THE DATA Start Marker
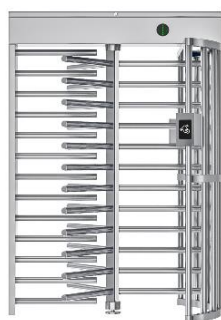

СЕРИЯ V

Турникет ПОЛНОРОСТОВОЙ БЛОКПОСТ РСТ 600 серия Спектр V	70307	Внешние габариты (мм) ДхШхВ 1400x1200x2310 Ширина прохода (мм) 600 Габариты упаковки (мм) ДхШхВ 1400x650x2200 Материал корпуса нержавеющая сталь AISI 304	841 900.00
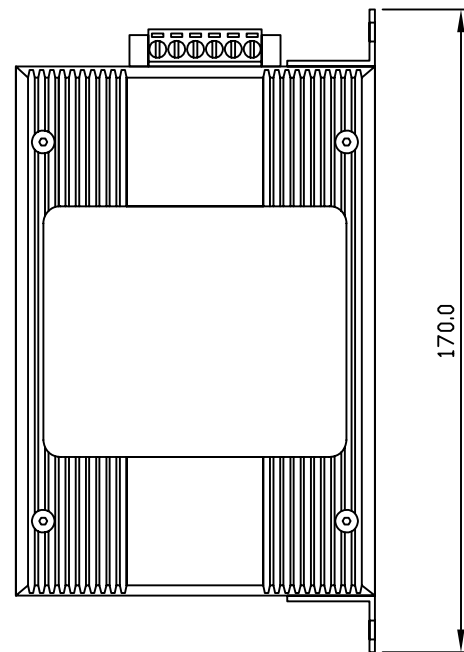

DINレール取り付け

壁掛け取り付け

訂 正		Diatrend Corp.	尺 度	1 / 2	名 称	DIFC-ERS2F	承 認	検 査	図 設	計 製	日 付	2010.9.17
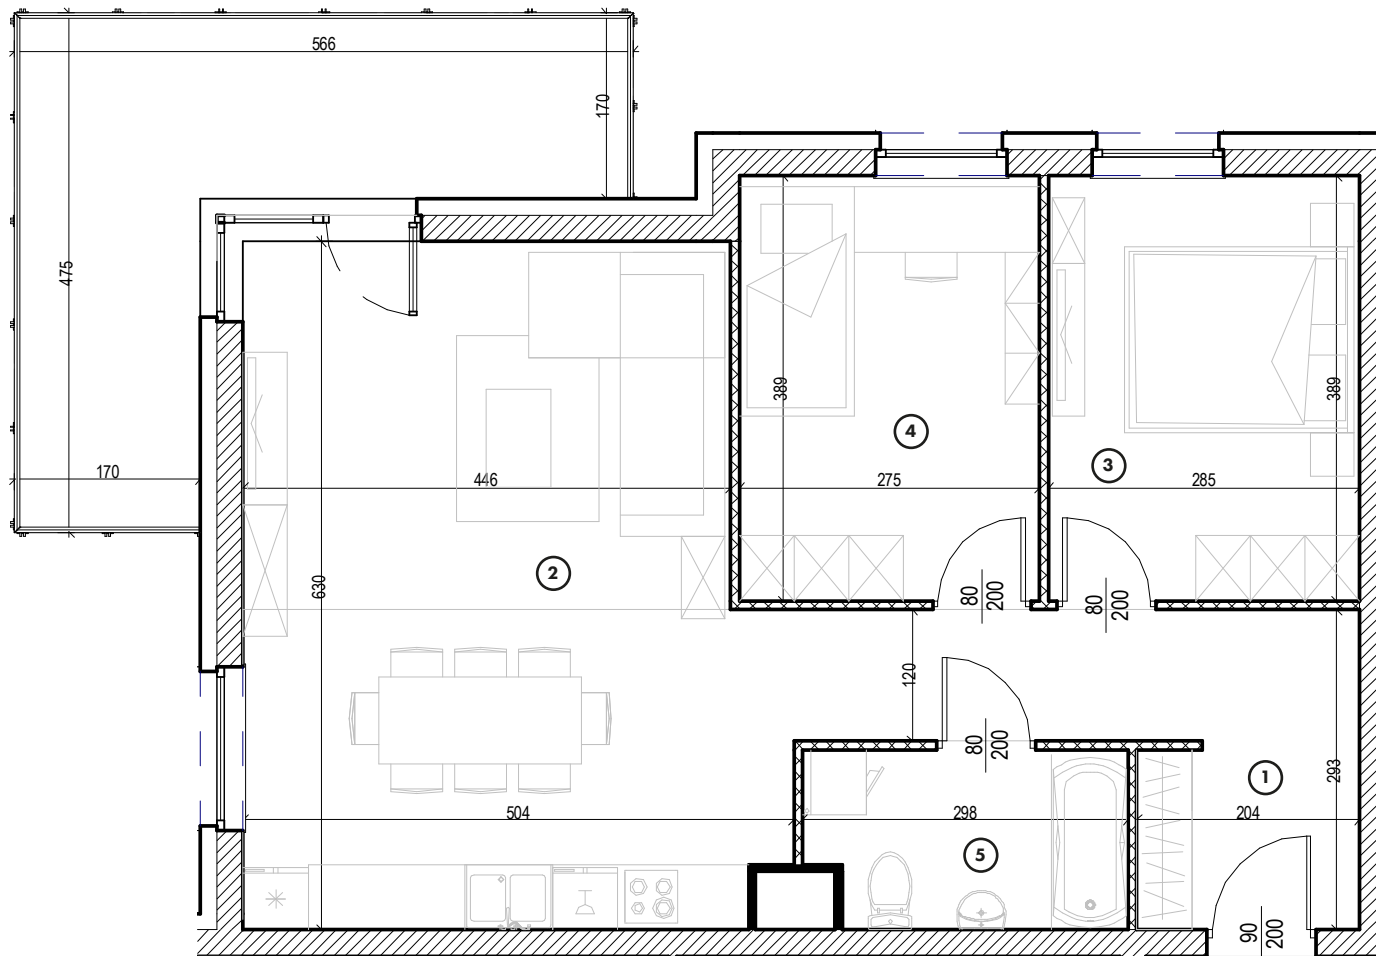

MIESZKANIE

NR **14**

POWIERZCHNIA:

65,74 m²

Nr	Nazwa	Pow.
1	Przedpokój	9,70 m ²
2	Pokój dzienny z aneks. kuch.	29,55 m ²
3	Pokój	11,09 m ²
4	Pokój	10,70 m ²
5	łazienka	4,70 m ²
Razem pow. mieszkalna sprzedawalna		65,74 m²
Balkon		14,12 m ²
Komórka lok. NR 33		2,82 m ²

KONDYGNACJA

Piętro 1

MIESZKANIE

NR 14

POWIERZCHNIA:

65,74 m²

Nr	Nazwa	Pow.
1	Przedpokój	9,70 m ²
2	Pokój dzienny z aneks. kuch.	29,55 m ²
3	Pokój	11,09 m ²
4	Pokój	10,70 m ²
5	łazienka	4,70 m ²
Razem pow. mieszkalna sprzedawalna		65,74 m²
Balkon		14,12 m ²
Komórka lok. NR 33		2,82 m ²
THE DATA End Marker
**TASK REQUIREMENTS**: Should a record include a picture, drop the picture and write out the remainder exactly.

**REPLY TO THE EXERCISE**:
СЕРИЯ V

Турникет ПОЛНОРОСТОВОЙ БЛОКПОСТ РСТ 600 серия Спектр V	70307	Внешние габариты (мм) ДхШхВ 1400x1200x2310 Ширина прохода (мм) 600 Габариты упаковки (мм) ДхШхВ 1400x650x2200 Материал корпуса нержавеющая сталь AISI 304	841 900.00

DINレール取り付け

壁掛け取り付け

訂 正		Diatrend Corp.	尺 度	1 / 2	名 称	DIFC-ERS2F	承 認	検 査	図 設	計 製	日 付	2010.9.17

MIESZKANIE

NR **14**

POWIERZCHNIA:

65,74 m²

Nr	Nazwa	Pow.
1	Przedpokój	9,70 m ²
2	Pokój dzienny z aneks. kuch.	29,55 m ²
3	Pokój	11,09 m ²
4	Pokój	10,70 m ²
5	łazienka	4,70 m ²
Razem pow. mieszkalna sprzedawalna		65,74 m²
Balkon		14,12 m ²
Komórka lok. NR 33		2,82 m ²

KONDYGNACJA

Piętro 1

MIESZKANIE

NR 14

POWIERZCHNIA:

65,74 m²

Nr	Nazwa	Pow.
1	Przedpokój	9,70 m ²
2	Pokój dzienny z aneks. kuch.	29,55 m ²
3	Pokój	11,09 m ²
4	Pokój	10,70 m ²
5	łazienka	4,70 m ²
Razem pow. mieszkalna sprzedawalna		65,74 m²
Balkon		14,12 m ²
Komórka lok. NR 33		2,82 m ²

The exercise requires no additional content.